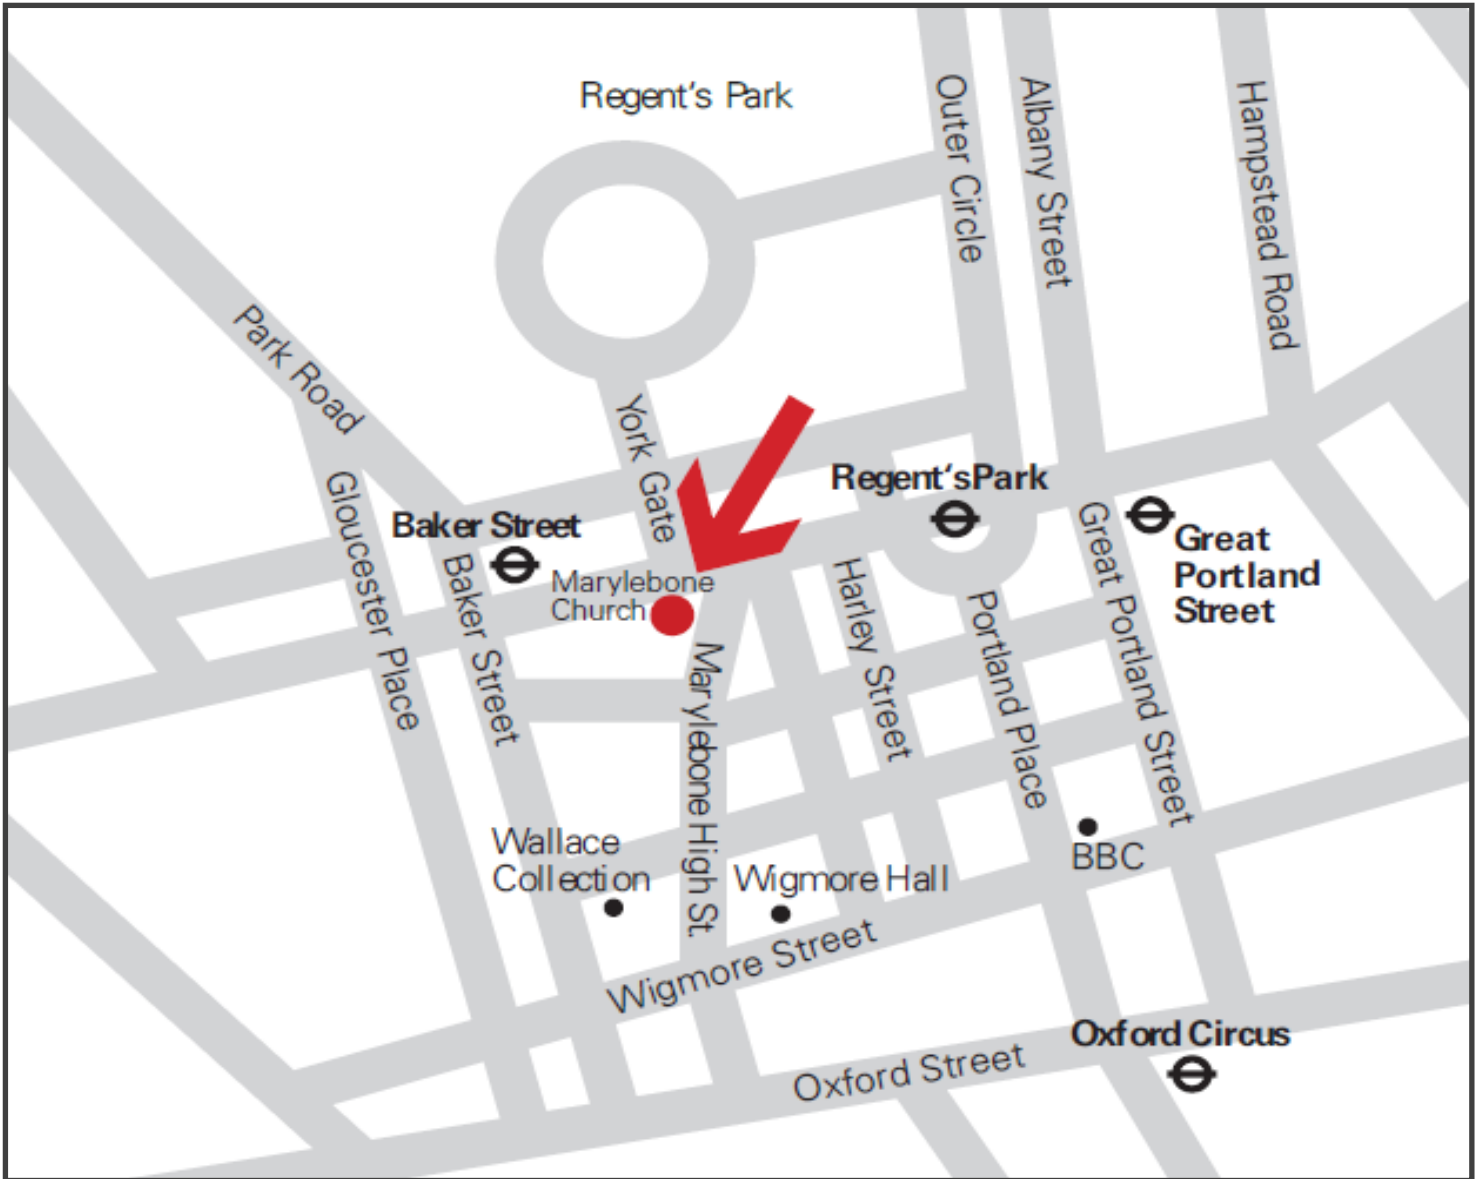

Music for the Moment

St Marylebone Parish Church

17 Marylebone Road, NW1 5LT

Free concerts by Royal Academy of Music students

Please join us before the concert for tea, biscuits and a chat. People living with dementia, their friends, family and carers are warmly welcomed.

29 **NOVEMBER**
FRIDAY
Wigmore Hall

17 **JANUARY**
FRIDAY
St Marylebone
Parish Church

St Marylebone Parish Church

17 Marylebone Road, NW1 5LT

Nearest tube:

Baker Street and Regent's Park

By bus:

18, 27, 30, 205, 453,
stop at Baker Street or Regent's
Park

• _WHAT IS EXPECTED_
Repeat everything in the entries above word for word, excluding the images.

• _THE COMPLETED TASK_
Music for the Moment

St Marylebone Parish Church

17 Marylebone Road, NW1 5LT

Free concerts by Royal Academy of Music students

Please join us before the concert for tea, biscuits and a chat. People living with dementia, their friends, family and carers are warmly welcomed.

29 **NOVEMBER**
FRIDAY
Wigmore Hall

17 **JANUARY**
FRIDAY
St Marylebone
Parish Church

St Marylebone Parish Church

17 Marylebone Road, NW1 5LT

Nearest tube:

Baker Street and Regent's Park

By bus:

18, 27, 30, 205, 453,
stop at Baker Street or Regent's
Park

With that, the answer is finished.